15. Método de acordo com a reivindicação 14, caracterizado pelo fato de que a seqüência de aminoácido que compreende pelo menos os resíduos de aminoácido das posições 56 a 455 da SEQ ID N°: 24 é uma seqüência de aminoácido da SEQ ID N°: 24.

16. Método de acordo com a reivindicação 14 ou 15, caracterizado pelo fato de que a reação é realizada a 50 a 75° C.

17. Método para produzir uma substância alvo, caracterizado pelo fato de que compreende cultivar um microorganismo que produz a substância alvo em um meio contendo uma solução de açúcar produzido pelo método como definido nas reivindicações de 14 a 16 ou um produto de fracionamento do mesmo como uma fonte de carbono e coletar a substância alvo da cultura.

18. Método de acordo com a reivindicação 17, caracterizado pelo fato de que o microorganismo é uma bactéria escolhida de microorganismos que pertencem a Corynebacterium glutamíeum ou Escherichia eoli.

19. Método de acordo com a reivindicação 17 ou 18, caracterizado pelo fato de que a substância alvo é um L-aminoácido.

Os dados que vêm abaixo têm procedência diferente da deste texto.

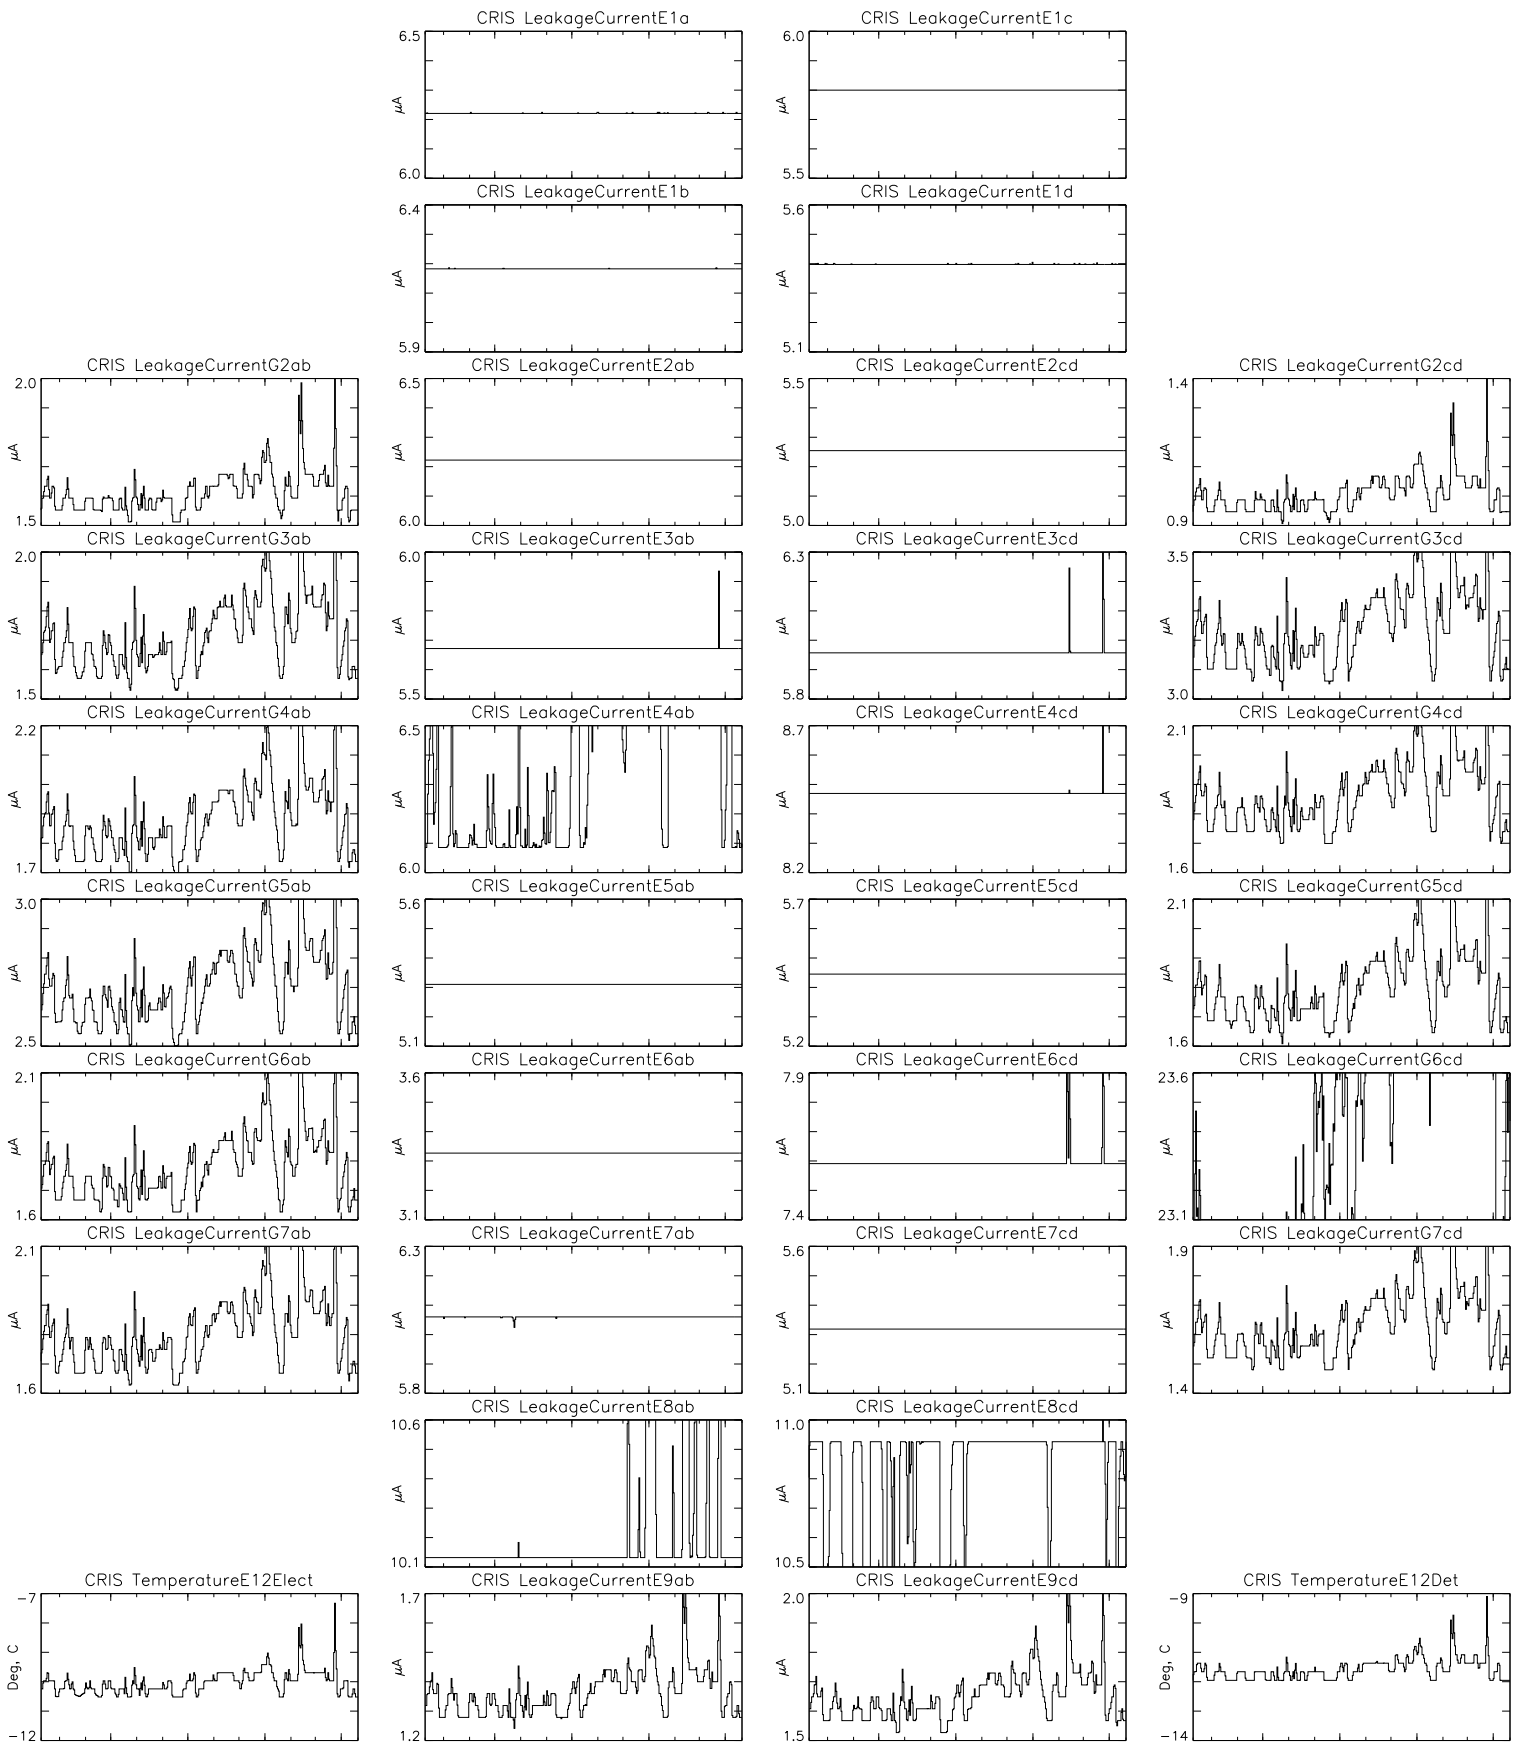

Bartels Rotation 2587-2600 – Daily Averages
 (09-Apr-2023 thru 20-Apr-2024)
 (099/2023 thru 111/2024)

Jul Oct Jan Apr
 time (09-Apr-2023 to 21-Apr-2024)

Bartels Rotation 2587–2600 – Daily Averages
 (09-Apr-2023 thru 20-Apr-2024)
 (099/2023 thru 111/2024)

Jul

Oct

Jan

Apr

time (09-Apr-2023 to 21-Apr-2024)

Bartels Rotation 2587-2600 – Daily Averages
(09-Apr-2023 thru 20-Apr-2024)
(099/2023 thru 111/2024)

Jul Oct Jan Apr
time (09-Apr-2023 to 21-Apr-2024)

Bartels Rotation 2587-2600 – Daily Averages (09-Apr-2023 thru 20-Apr-2024) (099/2023 thru 111/2024)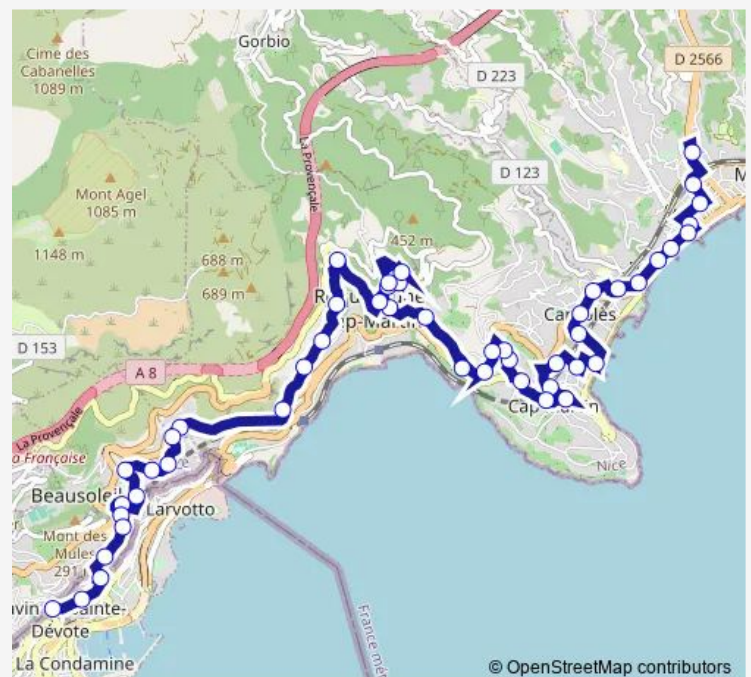

Thursday 07:40-20:10

Friday 07:40-20:10

Saturday 07:40-20:10

Sunday 09:55-17:55

Route info

Direction: Pont Sainte Dévote Gare SnCF

Stops: 52

Trip Duration: 0 hour 57 min

24 — Monaco - Menton Gare Routière

BusMaps

Place de Tassigny

Le Lavoir

Jamaïca

Saft

L'Olivette

La Torraca

Riva Bella

2ème Hameau

Val de Vesqui

Le Cottage

Mairie de Roquebrune

Churchill

Saint-Martin

Le Cirta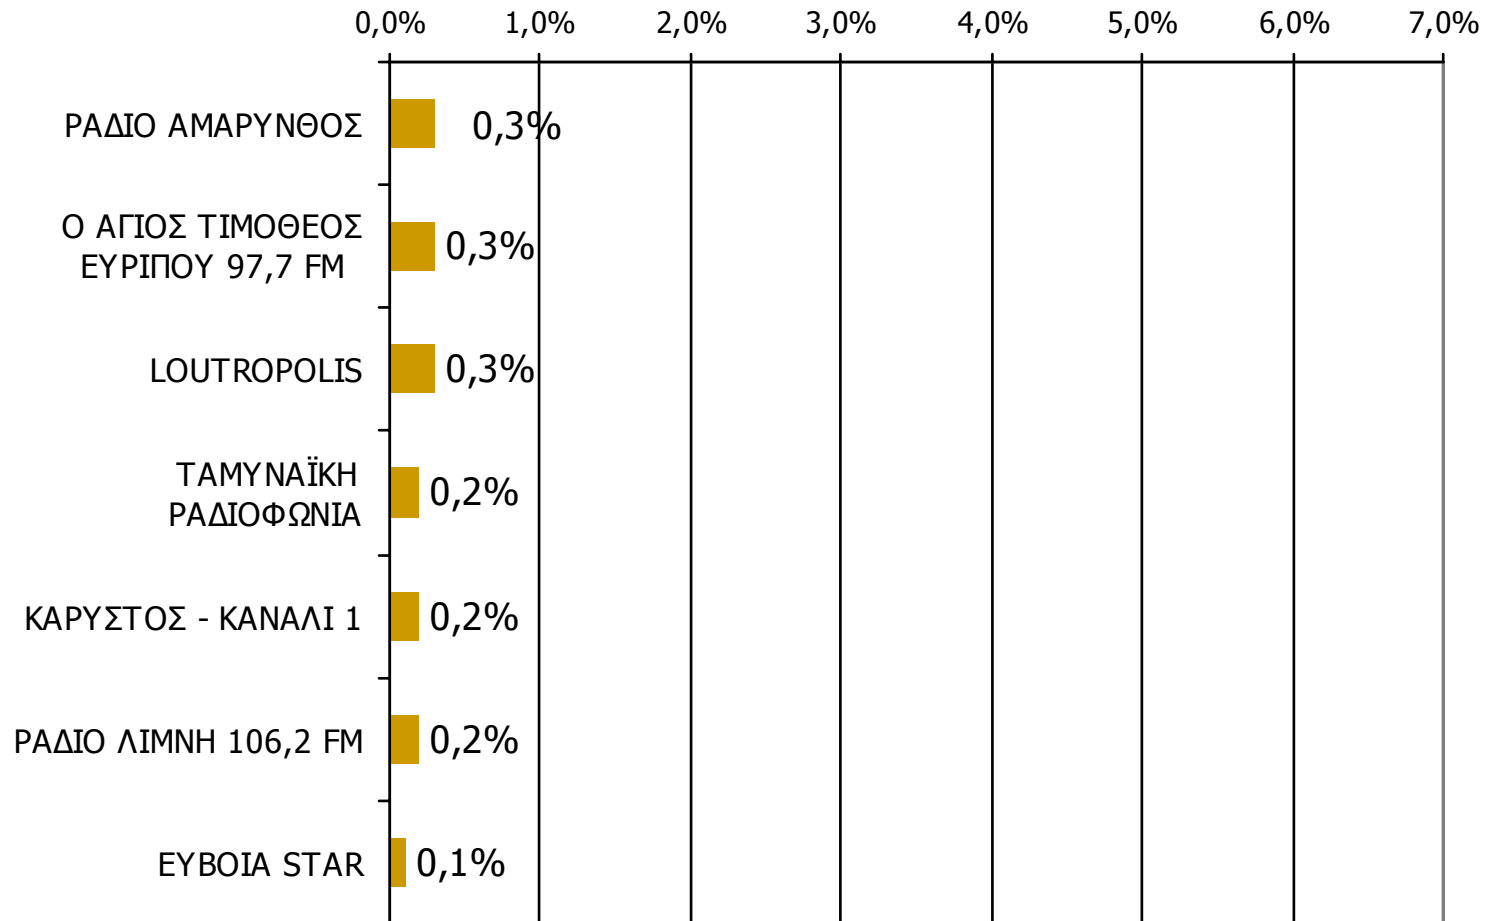

Μέση κάλυψη χρονικών ζωνών της ημέρας τοπικών Ρ/Σ Νομού Ευβοίας 16:00-19:59 - 3

Ποιες ώρες ακούσατε το ραδιοφωνικό σταθμό...

* Εμφανίζονται οι Ρ/Σ που αναφέρθηκαν στη συγκεκριμένη ζώνη

Βάση = Σύνολο ερωτηθέντων (N=900)

20. Método para decompor um recurso de biomassa contendo xilano, caracterizado pelo fato de que compreende permitir uma reação da proteína mostrada no seguinte (A) ou (B) ou a proteína de fusão como definida na reivindicação 1 ou 2 e o recurso de biomassa: (A) uma proteína que tem a seqüência de aminoácido de SEQ ID N°: 20, 22 ou 25 ou uma seqüência de aminoácido que compreende pelo menos os resíduos de aminoácido das posições 56 a 455 da SEQ ID N°: 24 e tem uma atividade de xilanase, (B) uma proteína que tem a seqüência de aminoácido de SEQ ID N°: 20, 22 ou 25 ou seqüência de aminoácido que compreende pelo menos os resíduos de aminoácido das posições 56 a 455 da SEQ ID N°: 24, em que a seqüência de aminoácido inclui substituições, anulações, inserções ou adições de um ou diversos resíduos de aminoácido e tem uma atividade de xilanase.

21. Método de acordo com a reivindicação 20, caracterizado pelo fato de que a seqüência de aminoácido que compreende pelo menos os resíduos de aminoácido das posições 56 a 455 da SEQ ID N°: 24 é uma seqüência de aminoácido da SEQ ID N°: 24.

22. Método de acordo com a reivindicação 20 ou 21, caracterizado pelo fato de que a reação é realizada de 50 a 75° C.